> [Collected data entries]
•••

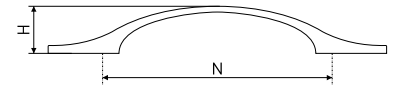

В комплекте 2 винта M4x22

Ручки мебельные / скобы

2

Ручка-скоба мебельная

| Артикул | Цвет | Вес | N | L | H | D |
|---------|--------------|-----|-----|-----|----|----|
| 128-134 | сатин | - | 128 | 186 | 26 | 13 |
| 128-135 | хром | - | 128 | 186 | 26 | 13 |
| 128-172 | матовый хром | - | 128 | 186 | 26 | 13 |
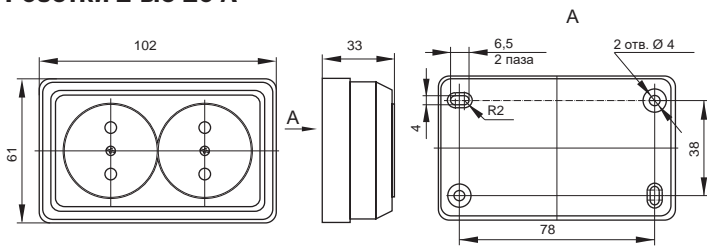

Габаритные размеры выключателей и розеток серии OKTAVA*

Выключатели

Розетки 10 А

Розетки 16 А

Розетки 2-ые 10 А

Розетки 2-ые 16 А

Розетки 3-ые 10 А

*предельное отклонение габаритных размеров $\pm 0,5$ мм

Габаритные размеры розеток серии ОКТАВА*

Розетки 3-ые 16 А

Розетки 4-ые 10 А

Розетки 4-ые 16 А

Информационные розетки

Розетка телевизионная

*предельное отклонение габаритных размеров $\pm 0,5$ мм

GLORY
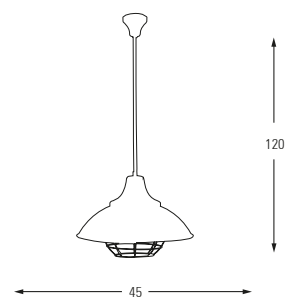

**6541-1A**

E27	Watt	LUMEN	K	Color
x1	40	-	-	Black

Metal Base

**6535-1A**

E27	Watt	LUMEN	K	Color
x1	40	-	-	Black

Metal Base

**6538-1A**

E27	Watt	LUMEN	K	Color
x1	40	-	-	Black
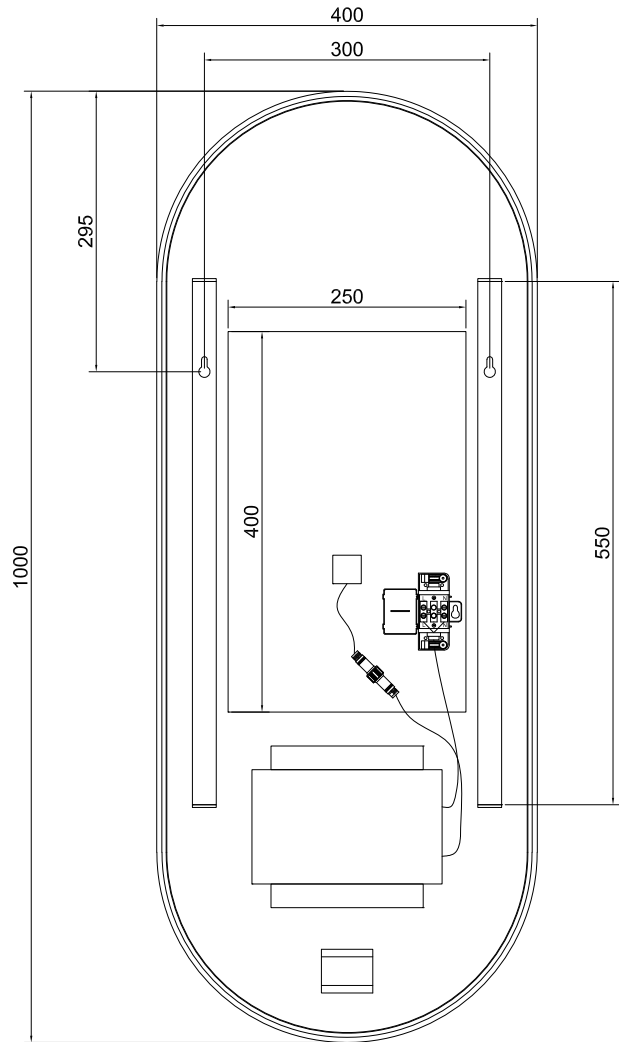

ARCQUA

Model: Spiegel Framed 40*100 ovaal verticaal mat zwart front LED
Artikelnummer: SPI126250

•••

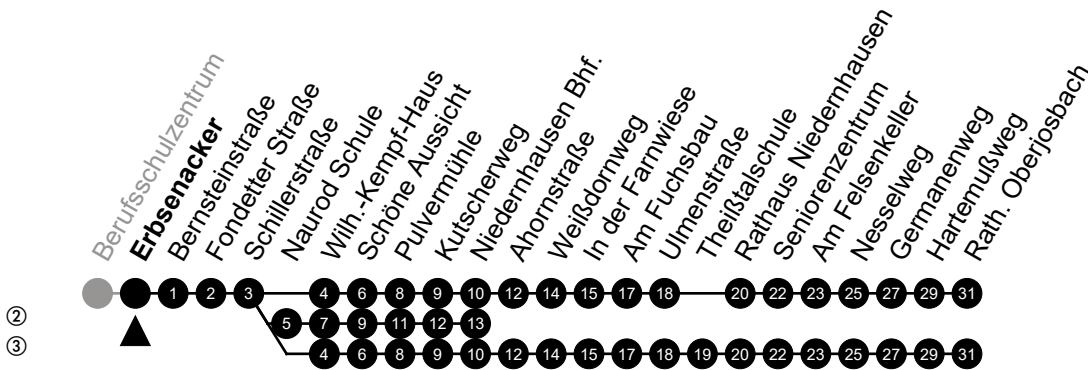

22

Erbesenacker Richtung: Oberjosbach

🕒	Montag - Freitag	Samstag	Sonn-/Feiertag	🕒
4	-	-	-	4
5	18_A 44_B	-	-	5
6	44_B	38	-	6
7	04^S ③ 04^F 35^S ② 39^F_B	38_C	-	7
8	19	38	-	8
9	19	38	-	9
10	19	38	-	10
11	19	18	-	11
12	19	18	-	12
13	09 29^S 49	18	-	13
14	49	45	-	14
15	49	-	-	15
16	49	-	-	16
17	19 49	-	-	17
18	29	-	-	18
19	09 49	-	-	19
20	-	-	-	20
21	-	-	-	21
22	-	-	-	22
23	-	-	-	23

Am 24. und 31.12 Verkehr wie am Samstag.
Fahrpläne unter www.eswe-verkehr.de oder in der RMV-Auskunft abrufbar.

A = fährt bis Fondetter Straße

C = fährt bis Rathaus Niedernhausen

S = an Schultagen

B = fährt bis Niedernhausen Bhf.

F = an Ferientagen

•••

> [Problem to solve] The answer must be the part of the records that opens with the line containing "Розетки 4-ые 16 А" and closes with the line containing "Artikelnummer: SPI126250", reproduced exactly, with no pictures.

> [Response]
Розетки 4-ые 16 А

Информационные розетки

Розетка телевизионная

*предельное отклонение габаритных размеров $\pm 0,5$ мм

GLORY

**6541-1A**

E27	Watt	LUMEN	K	Color
x1	40	-	-	Black

Metal Base

**6535-1A**

E27	Watt	LUMEN	K	Color
x1	40	-	-	Black

Metal Base

**6538-1A**

E27	Watt	LUMEN	K	Color
x1	40	-	-	Black

ARCQUA

Model: Spiegel Framed 40*100 ovaal verticaal mat zwart front LED
Artikelnummer: SPI126250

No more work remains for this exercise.